The head of Raymond James (RJF) Private Client Group gave a fairly positive assessment of the state of regulatory affairs for advisors Tuesday morning. Speaking directly after former President George W. Bush at the independent-advisor annual conference, being held this week near Dallas, Chet Helck acknowledged that he’d “never had such a tough act to follow.”
“As you heard from President Bush, leadership is about setting a course and balancing issues,” said Helck, “which is what you do as advisors.” (About 1,600 Raymond James independent advisors and 1,800 advisors are attending the event.)
Acknowledging that regulatory updates can get both “boring and depressing,” the Global PCG CEO insisted that his desire “was to do neither.” Helck joked that he’d been “the recruiting guy” and “the technology guy” at Raymond James before becoming “the regulatory guy.”
His began his remarks by discussing tax reforms that are targeting independent contractors. “We’ve been fighting this for 20 years,” Helck said.
With about $800 billion in tax revenue at stake, he explained, the government is most interested in reforms that affect drivers with FedEx and programmers for Microsoft, for instance. “Our industry trade associations are working the issue, and so far are winning the battle.”
Future legislative action in this area, he noted, would allow for an exception, or carve-out, so financial advisors would not be affected by a tax change.
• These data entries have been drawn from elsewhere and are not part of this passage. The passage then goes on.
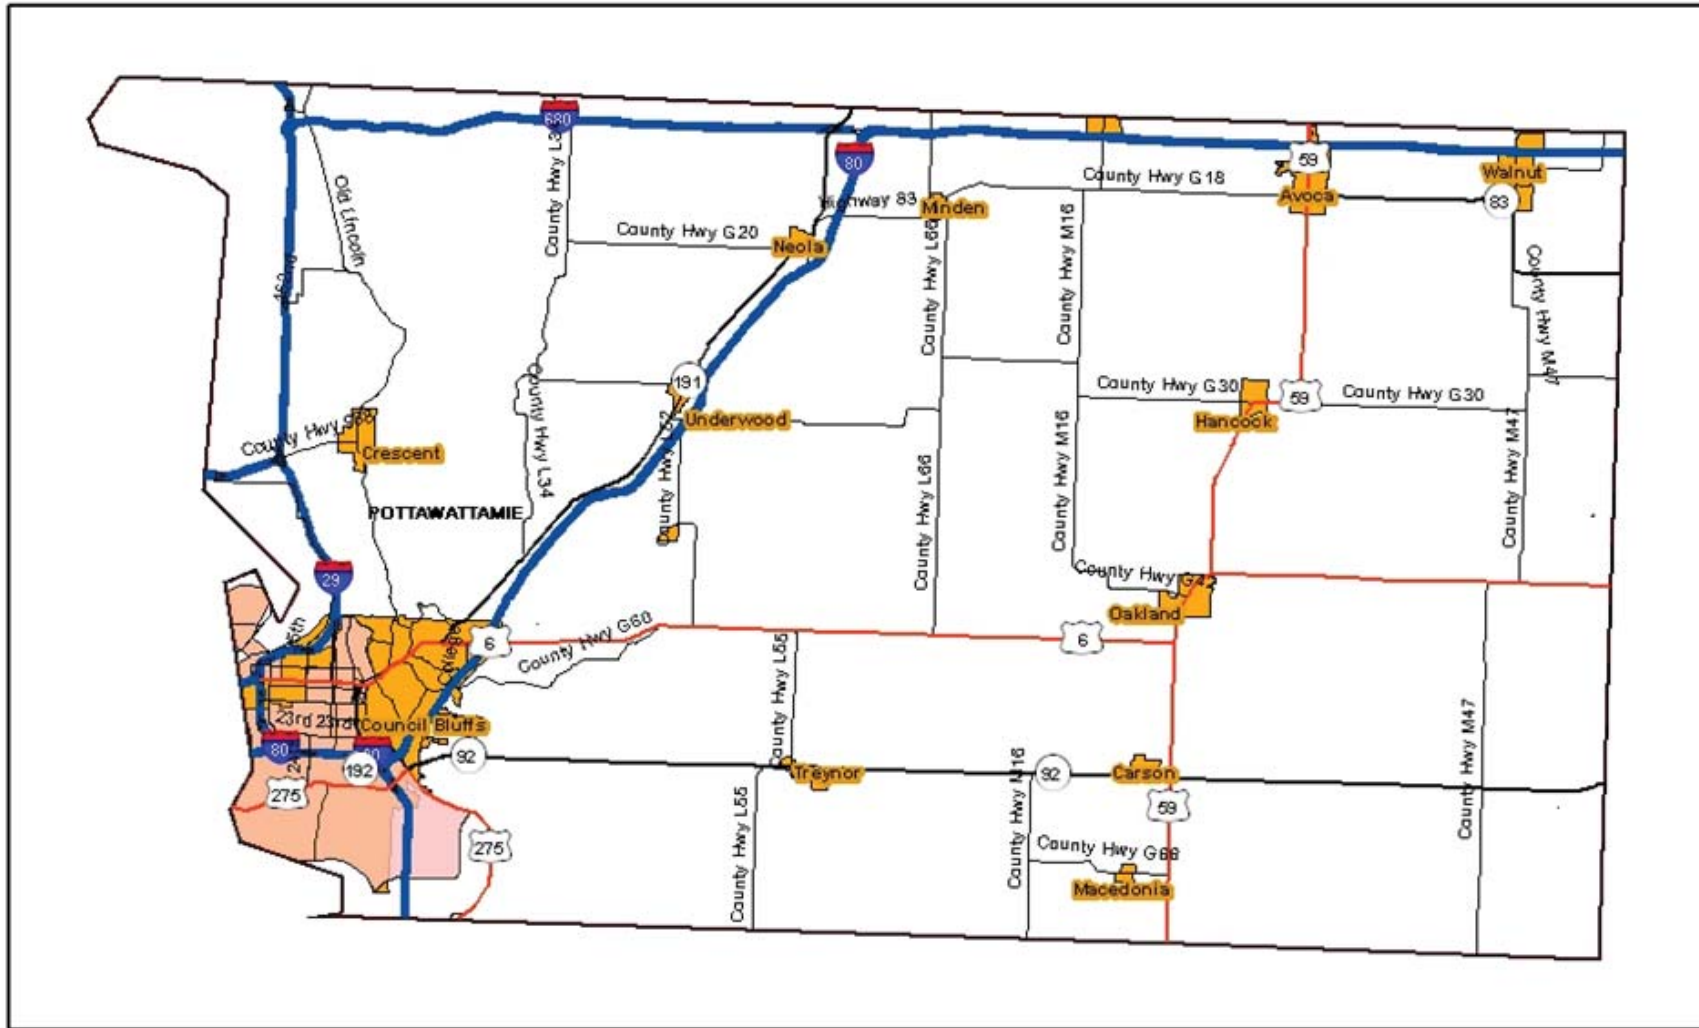

Pottawattamie County NMTC Qualifying Tracts

Out Migration Tracts Distressed Tracts City Limits

Courtesy of the
**IOWA AREA
DEVELOPMENT
GROUP**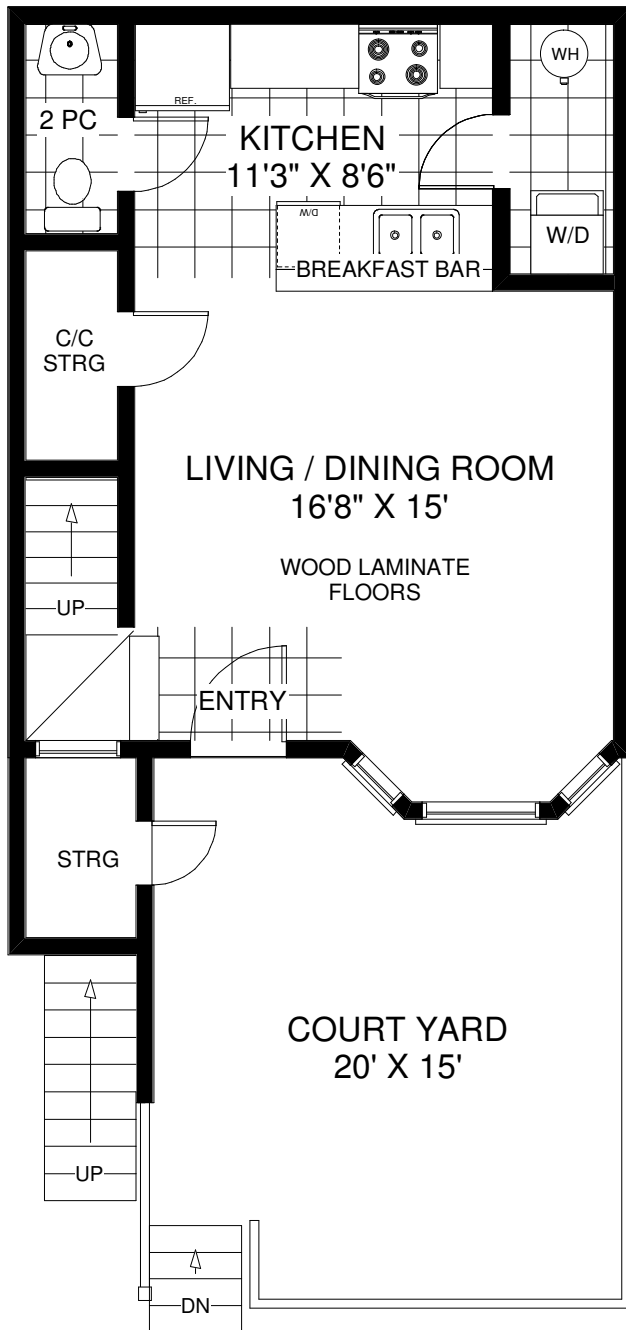

760 LAWRENCE AVENUE WEST UNIT #174

THE JULIE KINNEAR TEAM
Royal LePage Real Estate Services Ltd.,
Brokerage
(416) 762-8255

APPROXIMATELY 940 SQ FT

Note: Measurements & Calculations are approximate.
Provided as a guideline only.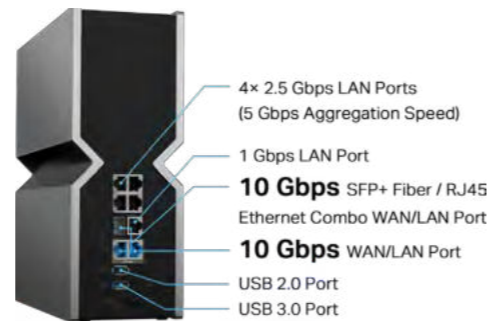

Wi-Fi 7 Applications

A Real Upgrade for Businesses

An Unstoppable Stream of Entertainment

A Revolution in the Intelligent Lifestyle

10GbE

10G and 2.5G Multi-Gigabit Ports — Multi-Gigabit Wired Connections to Unlock the Full Potential of Wi-Fi 7

TP-Link Wi-Fi 7 routers, range extenders, and Deco Whole Home Mesh Wi-Fi with 10GbE and 2.5GbE ports

▶ 10G and 2.5G WAN Ports Maximize Internet Access

10 Gbps and 2.5 Gbps WAN ports make full use of gigabit speeds from your local ISP. Break through the 1G bottleneck and drive your devices to peak performance. WAN/LAN support gives you remarkable flexibility to tailor both ports to fit your network's needs.

▶ 10G and 2.5G LAN Ports for Super-Fast Transfer Rates

Transmit stable multi-gigabit connections to the 10G and 2.5G LAN ports. By connecting your wired devices, such as a gaming PC and Network-Attached Storage (NAS) server, experience immersive gaming without lag, transfer files at gigabit speeds, and edit large images and videos from your NAS.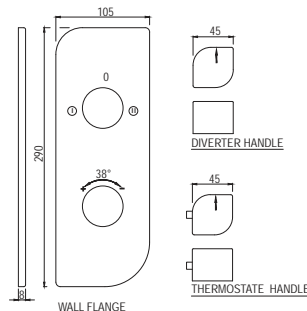

ALI-85681K

Aquamax Exposed Part Kit of Thermostatic Shower Mixer with 2-way diverter (Suitable for ALD-681)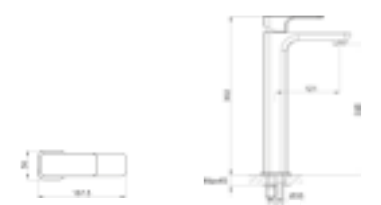

PRODUCT CODE
FLTBAS

pura

FLITE

PRODUCT DESCRIPTION
Single lever tall basin mixer
with clicker waste

PRICE
£177.00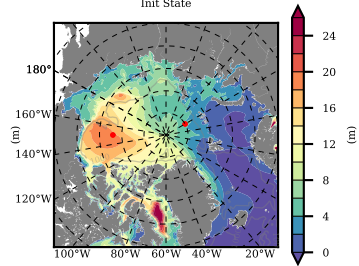

NEMO420 mean FWC (m) over 1984

Mean FWC (m) from BG Obs Sys. (Proshutinsky et al. GRL2018) over year 2003-2017

Mean FWC (m) from Init State

NEMO420 mean SSH anomaly

Mean DOT from Armitage et al. 2017 2003-2014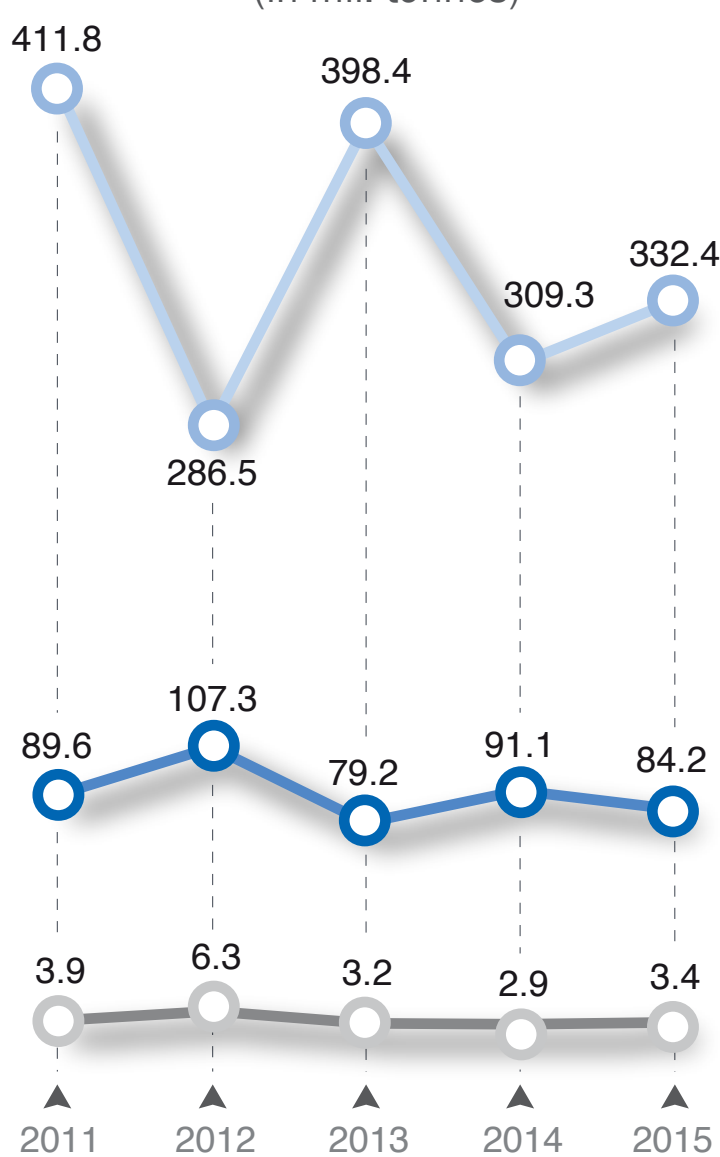

ROAD FREIGHT TRANSPORT

2015

number of road freight transport vehicles 2015/2014

weight of transported goods (in mil. tonnes)

tonne-kilometres (in mil. tonne-kilometres)

weight of transported goods by type of vehicle

weight of transported goods by type of cargo (type of packaging) (in thousand tonnes)

goods loaded on national road freight transport vehicles, by weight of goods and region of loading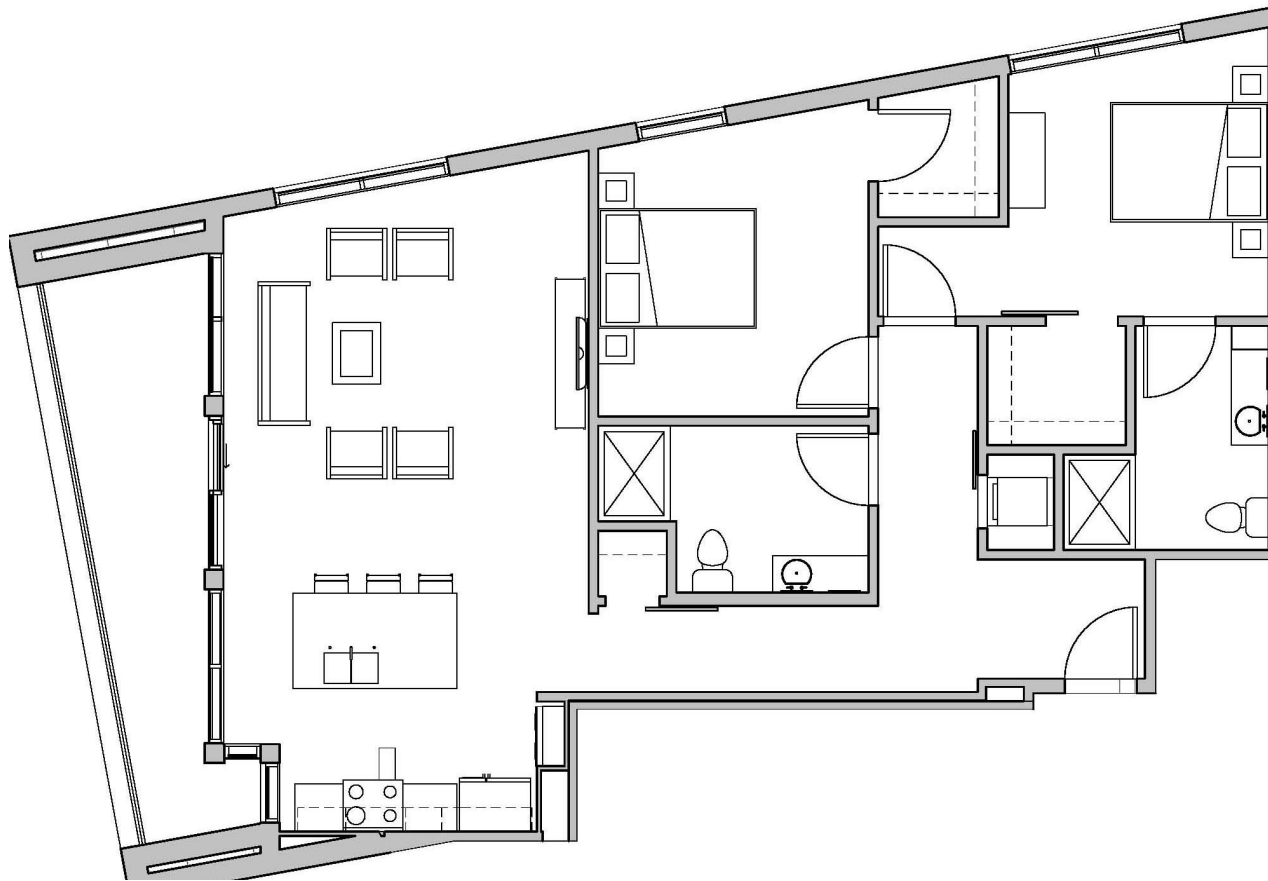

# SEVEN27

727 LORILLARD COURT - MADISON, WI

TWO BEDROOM  
TWO BATHROOM  
1,151 SQUARE FEET

PRICING:

AVAILABILITY:

FEATURES:

PROFESSIONALLY MANAGED BY URBAN LAND INTERESTS

(608)661-7600 WWW.ULI.COM

The  
YARDS

TOBACCO LOFTS

SEVEN27

NINE LINE

QUARTER ROW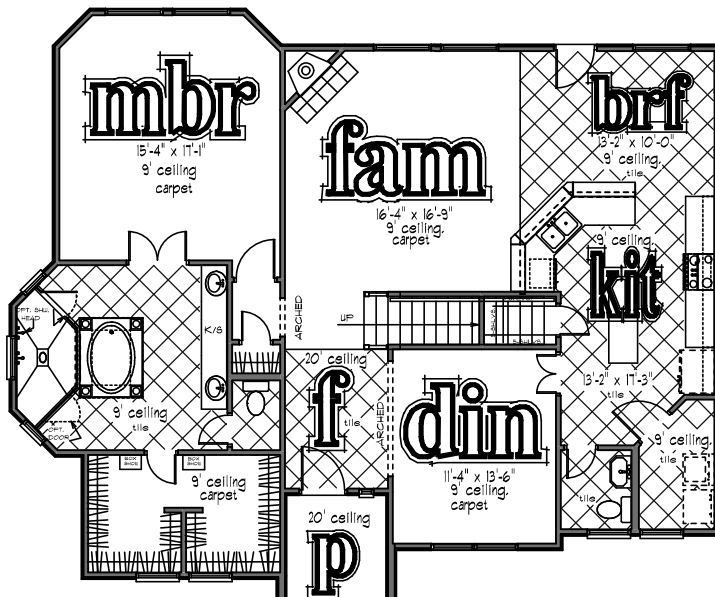

# the dallas 11

The Reserve at Sonoma Verde  
3141 sq. ft. living area

front

garage front

floorplan

first floor

second floor

Square footage and dimensions are approximate. Floorplans are the artist's concept and may vary. All features are subject to change without notice.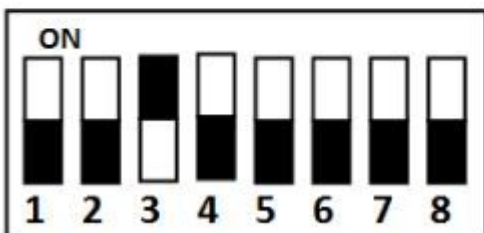

Address 4 - Door 2 Exit Card Reader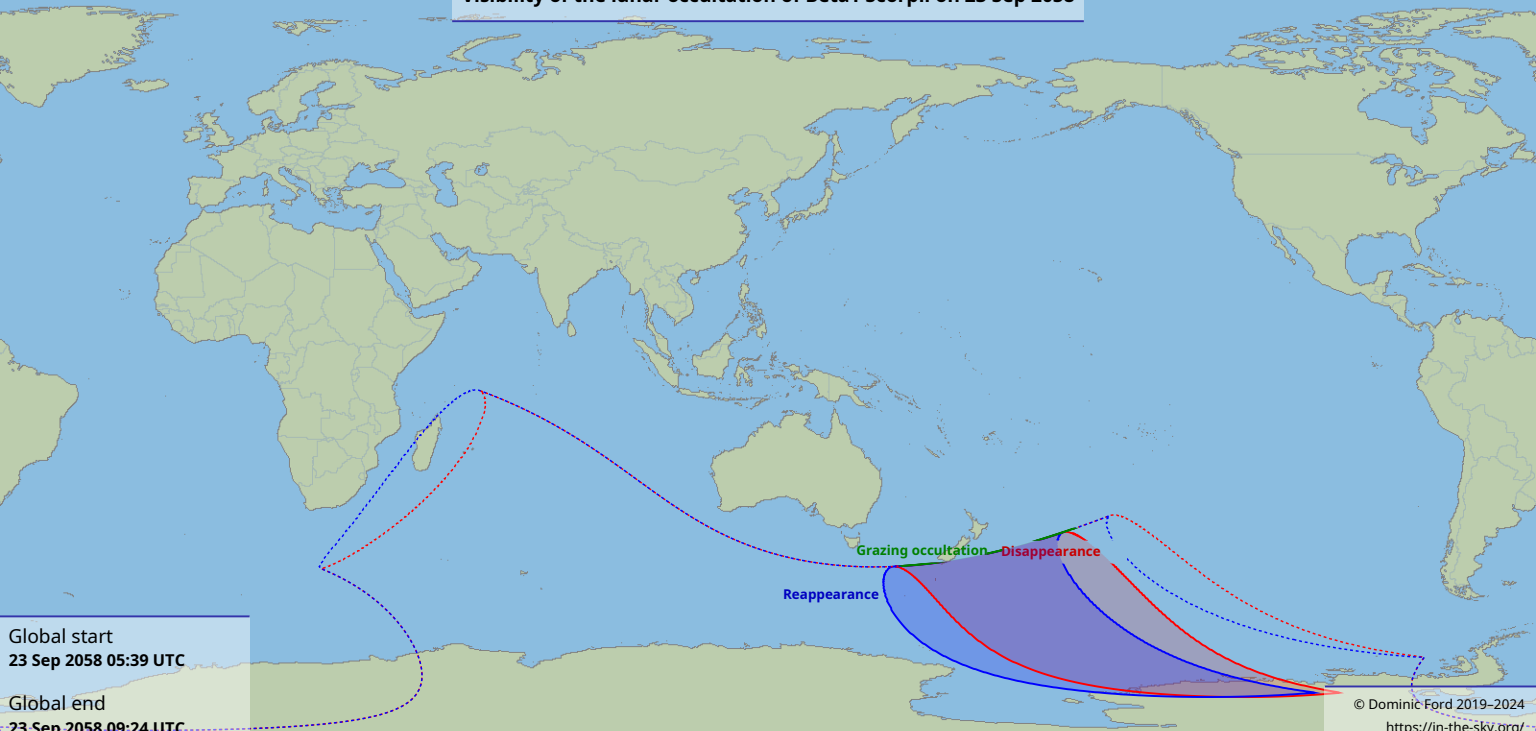

Visibility of the lunar occultation of Beta1 Scorpii on 23 Sep 2058

Global start
23 Sep 2058 05:39 UTC

Global end
23 Sep 2058 09:24 UTC

Reappearance

Grazing occultation — Disappearance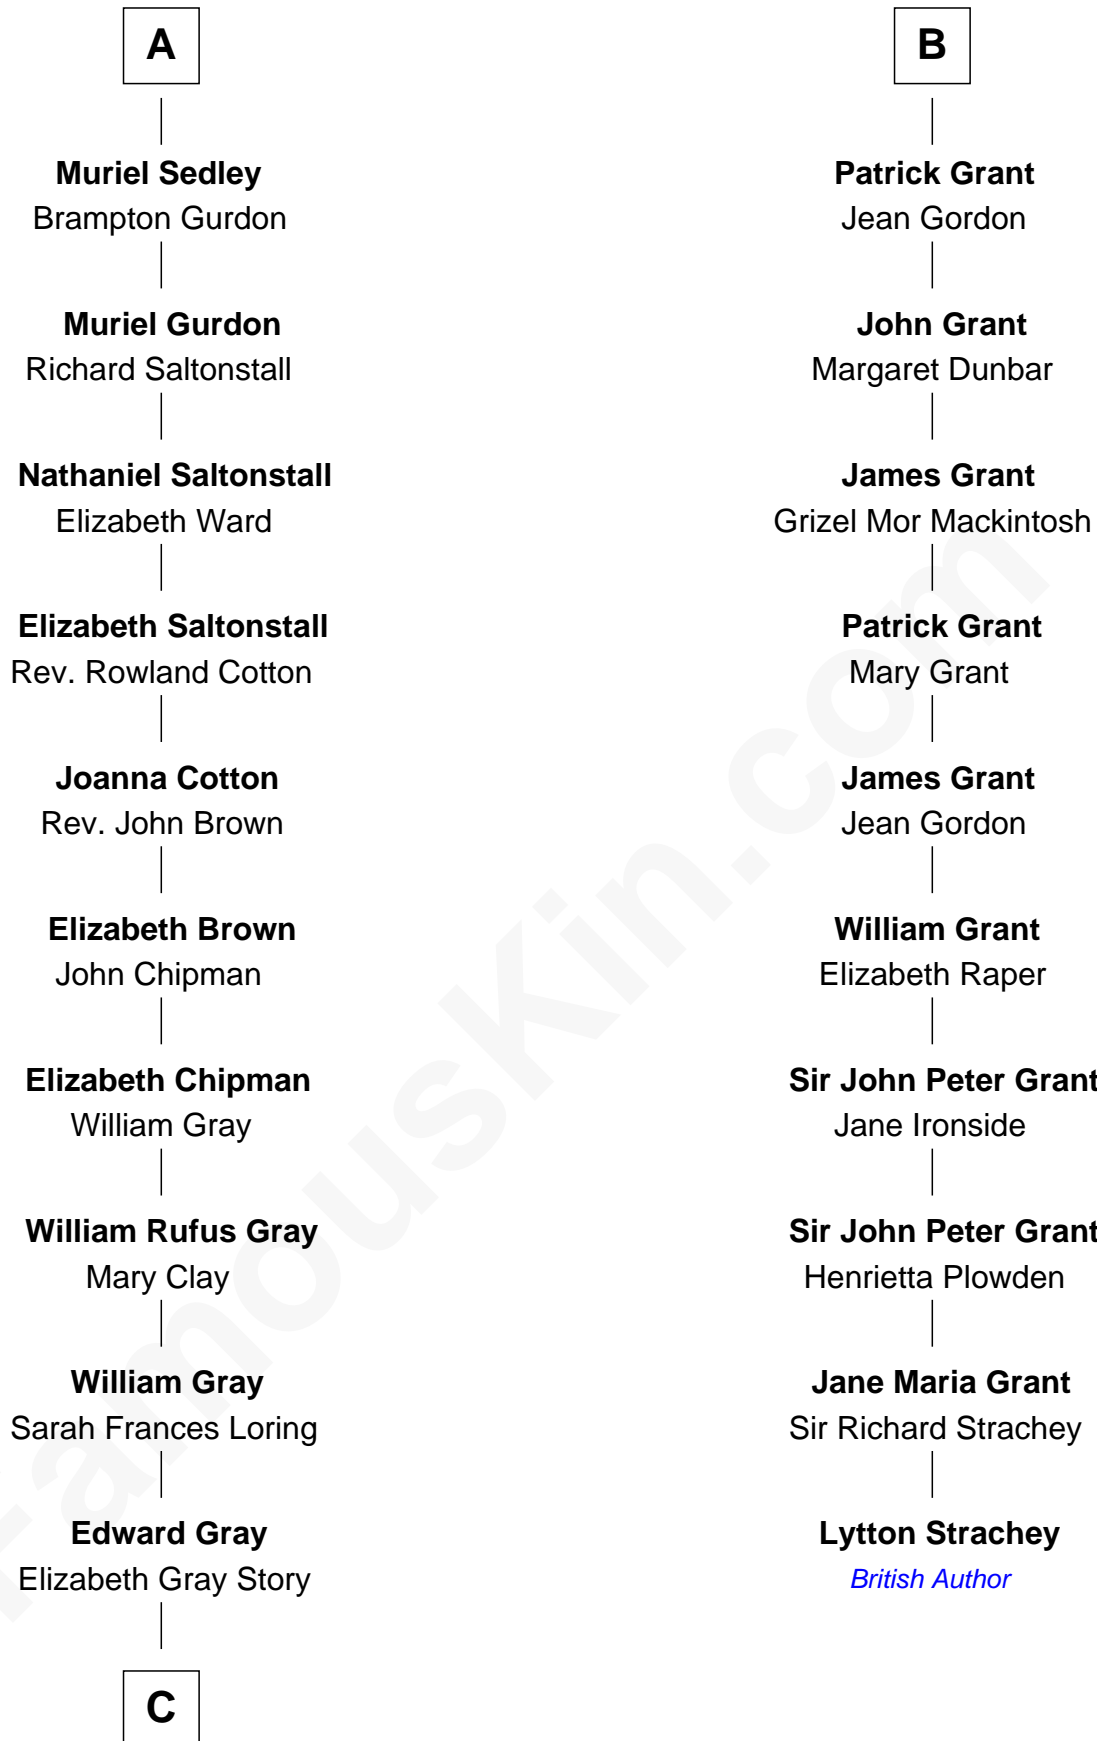

**FamousKin.com**  
**Relationship Chart of**  
**Story Musgrave**  
*NASA Astronaut*

16th cousin 3 times removed of

**Lytton Strachey**  
*Author and Co-Founder of Bloomsbury Group*

**C**

—  
**Marguerite Gray**  
John Butler Swann

—  
**Marguerite Swann**  
Percy Musgrave

—  
**Story Musgrave**  
*NASA Astronaut*

FamousKin.com

Some key politicians are amenable to this, according to Helck (right), since advisors can show that they are “following the rules and paying taxes.”
“I’m fairly comfortable on this one,” the Raymond James executive said. “We must stay vigilant, but it’s not the biggest worry we have.”
Other Tax Issues
As governments around the world look to find new sources of revenue, financial-service transactions also have become a keen focus for possible tax reform. Some states, like Ohio, have even put it into their recent budgets, Helck said.
Advisors and professional groups such as the Securities Industry and Financial Markets Association, which Helck now chairs, put “boots on the ground.”
“That [measure] has been withdrawn in Ohio,” he said, drawing an applause from the audience. “Minnesota also should be OK as trade associations have been active there.”